To me, it shows haters' level of intellect. And perhaps explains why they feel
left out. They're attached to an ideal of what 'art' (additionally,
activism[1]) should be. An outdated, 20th century one.

I personally don't like Google. And I understand your framing is hypothetical.

But why is tech framed the opposite of art?

Why is tech equal to techbro?

Yea there are always bad apples. But I wonder what Da Vinci would think about
holding art in the opposite category as tech?

I'd argue they're more synonymous than opposite. To me, there's creativity.
Both art and tech are creative. Applied creativity pertains to both code or a
paint canvas.

Either way, the best, most valuable work to society is often never been done
before.

Can anyone name an art piece (or if I'm being generous, an art movement) in
the last 15 years that's made the level of impact as Google? Or
cryptocurrency?

Ultimately, to me, the 'artists' need to up their game. Big time.

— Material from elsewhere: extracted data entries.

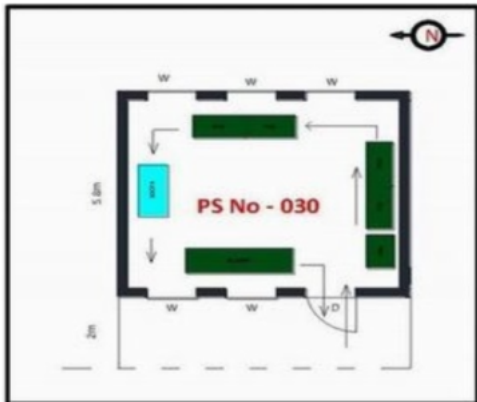

Google Map View

Polling Station Building Front View

Polling Station Front View

Cad View

Key MAP View

1 பெயர் : பத்மா கணவர் பெயர் : கோபாலப்பா வீட்டு எண் : 1 வயது : 51 பாலினம் : பெண் Photo is available WYG0535740	2 பெயர் : முரளி தந்தை பெயர் : சீனப்பா வீட்டு எண் : 1 வயது : 32 பாலினம் : ஆண் Photo is available WYG1052893	3 பெயர் : முனிசாமி தந்தை பெயர் : முனிராஜ் வீட்டு எண் : 1-1 வயது : 30 பாலினம் : ஆண் Photo is available WYG1262989
4 பெயர் : மஞ்சளா கணவர் பெயர் : குருமூர்த்தி வீட்டு எண் : 1/100 வயது : 28 பாலினம் : பெண் Photo is available WYG2371037	5 பெயர் : சுரேஷ் தந்தை பெயர் : முனிகுரப்பா வீட்டு எண் : 1-100-B வயது : 34 பாலினம் : ஆண் Photo is available WYG1052901	6 பெயர் : மஞ்சநாத் தந்தை பெயர் : ராமப்பன் வீட்டு எண் : 1-102 வயது : 31 பாலினம் : ஆண் Photo is available WYG0968099
7 பெயர் : முனிரங்க ஜோதி தந்தை பெயர் : செல்வராஜ் வீட்டு எண் : 1-103A வயது : 33 பாலினம் : ஆண் Photo is available WYG1179027	8 பெயர் : ரகுபதி செல்வராஜ் செல்வராஜ் தாயின் பெயர் : கண்ணம்மாள் வீட்டு எண் : 1-103A வயது : 31 பாலினம் : ஆண் Photo is available WYG1185156	9 பெயர் : நாகமணி கணவர் பெயர் : முனிரங்கஜோதி வீட்டு எண் : 1/103எ வயது : 26 பாலினம் : பெண் Photo is available WYG2373512
10 பெயர் : பத்மா கணவர் பெயர் : ரகுபதி வீட்டு எண் : 1/103ஏ வயது : 24 பாலினம் : பெண் Photo is available WYG2323475	11 பெயர் : வெங்கடராஜ் தந்தை பெயர் : மாரப்பா வீட்டு எண் : 1-105C வயது : 33 பாலினம் : ஆண் Photo is available WYG0788919	12 பெயர் : மணி தந்தை பெயர் : பலராமன் வீட்டு எண் : 1-117 வயது : 59 பாலினம் : ஆண் Photo is available FMS3307261
13 பெயர் : வாசுகி கணவர் பெயர் : மணி வீட்டு எண் : 1-117 வயது : 49 பாலினம் : பெண் Photo is available FMS3307352	14 பெயர் : சிவசங்கரன் தந்தை பெயர் : நாராயணப்பா வீட்டு எண் : 1-119 வயது : 32 பாலினம் : ஆண் Photo is available WYG1052885	15 பெயர் : மசிபாரதி கணவர் பெயர் : சிவசங்கரன் வீட்டு எண் : 1-119 வயது : 28 பாலினம் : பெண் Photo is available WYG2232916
16 பெயர் : சதிஸ்குமார் தந்தை பெயர் : நாராயணப்பா வீட்டு எண் : 1-126 வயது : 28 பாலினம் : ஆண் Photo is available WYG1262997	17 பெயர் : சரஸ்வதி கணவர் பெயர் : மல்லப்பா வீட்டு எண் : 1-186 வயது : 69 பாலினம் : பெண் Photo is available WYG1320738	18 பெயர் : சீனிவாசன் தந்தை பெயர் : சின்னாச்சாரி வீட்டு எண் : 1-199 வயது : 36 பாலினம் : ஆண் Photo is available WYG0109348
19 பெயர் : ரூபா தந்தை பெயர் : சீனப்பா வீட்டு எண் : 1-206 வயது : 29 பாலினம் : பெண் Photo is available WYG1263508	20 பெயர் : கிருஷ்ணப்பா தந்தை பெயர் : முனிகிருஷ்ணப்பா வீட்டு எண் : 1-207 வயது : 30 பாலினம் : ஆண் Photo is available WYG1263086	21 பெயர் : ச ரேவதி கணவர் பெயர் : கிருஷ்ணப்பா வீட்டு எண் : 1/207 வயது : 30 பாலினம் : பெண் Photo is available WYG2328342
22 பெயர் : வெங்கடராஜ் தந்தை பெயர் : வெங்கடேஷ் வீட்டு எண் : 1-208 வயது : 28 பாலினம் : ஆண் Photo is available WYG1263102	23 பெயர் : பூநாத் தந்தை பெயர் : சீனப்பா வீட்டு எண் : 1-209-1 வயது : 32 பாலினம் : ஆண் Photo is available WYG1052877	24 பெயர் : சிக்கம்யாசெட்டி தந்தை பெயர் : முனிசெட்டி வீட்டு எண் : 1-210 வயது : 36 பாலினம் : ஆண் Photo is available WYG0109397
25 பெயர் : நாராயணன் தந்தை பெயர் : குண்டப்பாதொட்டி வீட்டு எண் : 1-213 வயது : 66 பாலினம் : ஆண் Photo is available WYG0717488	26 பெயர் : ரத்தினம்மா கணவர் பெயர் : நாராயணப்பா வீட்டு எண் : 1-213 வயது : 51 பாலினம் : பெண் Photo is available WYG0535732	27 பெயர் : ஆனந்த் தந்தை பெயர் : நாராயணப்பா வீட்டு எண் : 1-213 வயது : 33 பாலினம் : ஆண் Photo is available WYG1053065
28 பெயர் : ஸ்வேதா கணவர் பெயர் : சேகர் வீட்டு எண் : 1/213 வயது : 26 பாலினம் : பெண் Photo is available WYG2292043	29 பெயர் : வெங்கடபதி தந்தை பெயர் : நஞ்சப்பா வீட்டு எண் : 1-222 வயது : 35 பாலினம் : ஆண் Photo is available WYG0673012	30 பெயர் : குஜ்ஜம்மா கணவர் பெயர் : வெங்கடபதி வீட்டு எண் : 1-222 வயது : 31 பாலினம் : பெண் Photo is available WYG1184969

[1] Protest city hall if you feel gentrified. Especially in SF where it's
largely illegal to build housing. Also, regarding gentrification, you don't
hear the positive stories of immigrant families whose businesses flourish
because of increased capital in an area, or those who feel safer, or even
those who cashed out and sold their 50k house for 1.2 million. Again you hear
a largely misdirected, dated and one-sided argument.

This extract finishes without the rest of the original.